Where a picture appears, skip it; print everything else in the records exactly as it stands.
• • • •
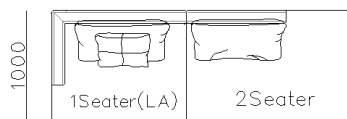

- ✓ BL2101
- ✓ Sectional Half Leather Sofa with Small Side Table

4700

3800

3300

3600

3400

2600

- ✓ BL2107
- ✓ Half Leather Sofa with Knitting
Back and side

3880

3450

2940

3400

2740

2460

- ✓ BL2107
- ✓ Half Leather Sofa with Knitting Back and side

- ✓ L21S-A005
- ✓ Half Leather Sofa
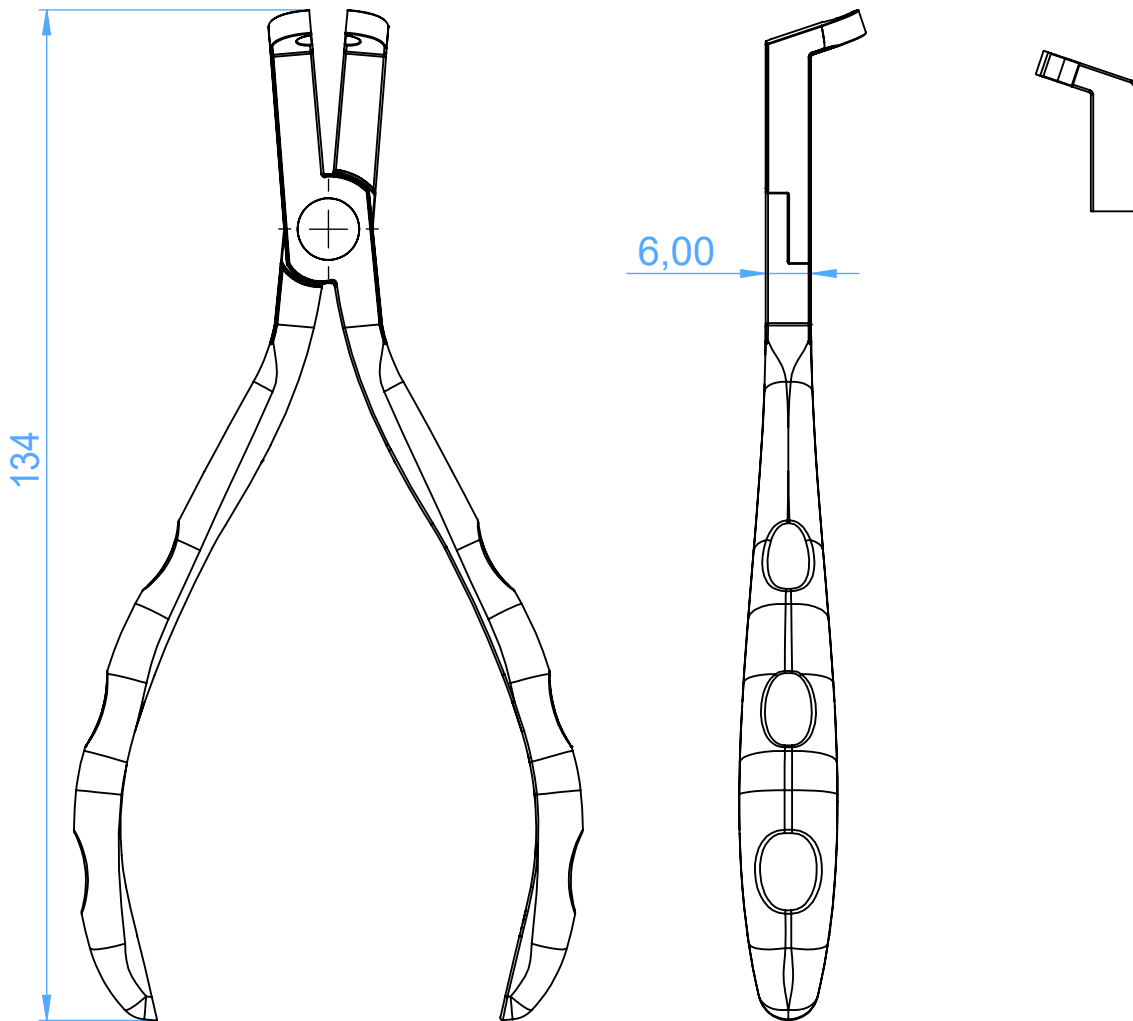

Utility pliers

8810

angled
bracket
removing
pliers

Scale 1:1
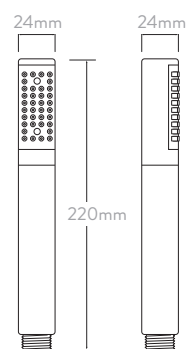

HAND SHOWER
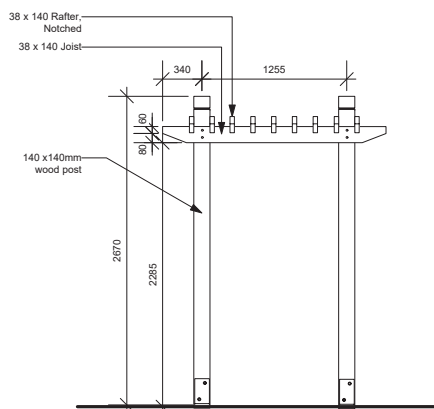

3 Entry Trellis - Typical Elevation
Scale: 1:20
• • • •
** Exercise response **
- ✓ BL2101
- ✓ Sectional Half Leather Sofa with Small Side Table

4700

3800

3300

3600

3400

2600

- ✓ BL2107
- ✓ Half Leather Sofa with Knitting
Back and side

3880

3450

2940

3400

2740

2460

- ✓ BL2107
- ✓ Half Leather Sofa with Knitting Back and side

- ✓ L21S-A005
- ✓ Half Leather Sofa

Utility pliers

8810

angled
bracket
removing
pliers

Scale 1:1

HAND SHOWER

3 Entry Trellis - Typical Elevation
Scale: 1:20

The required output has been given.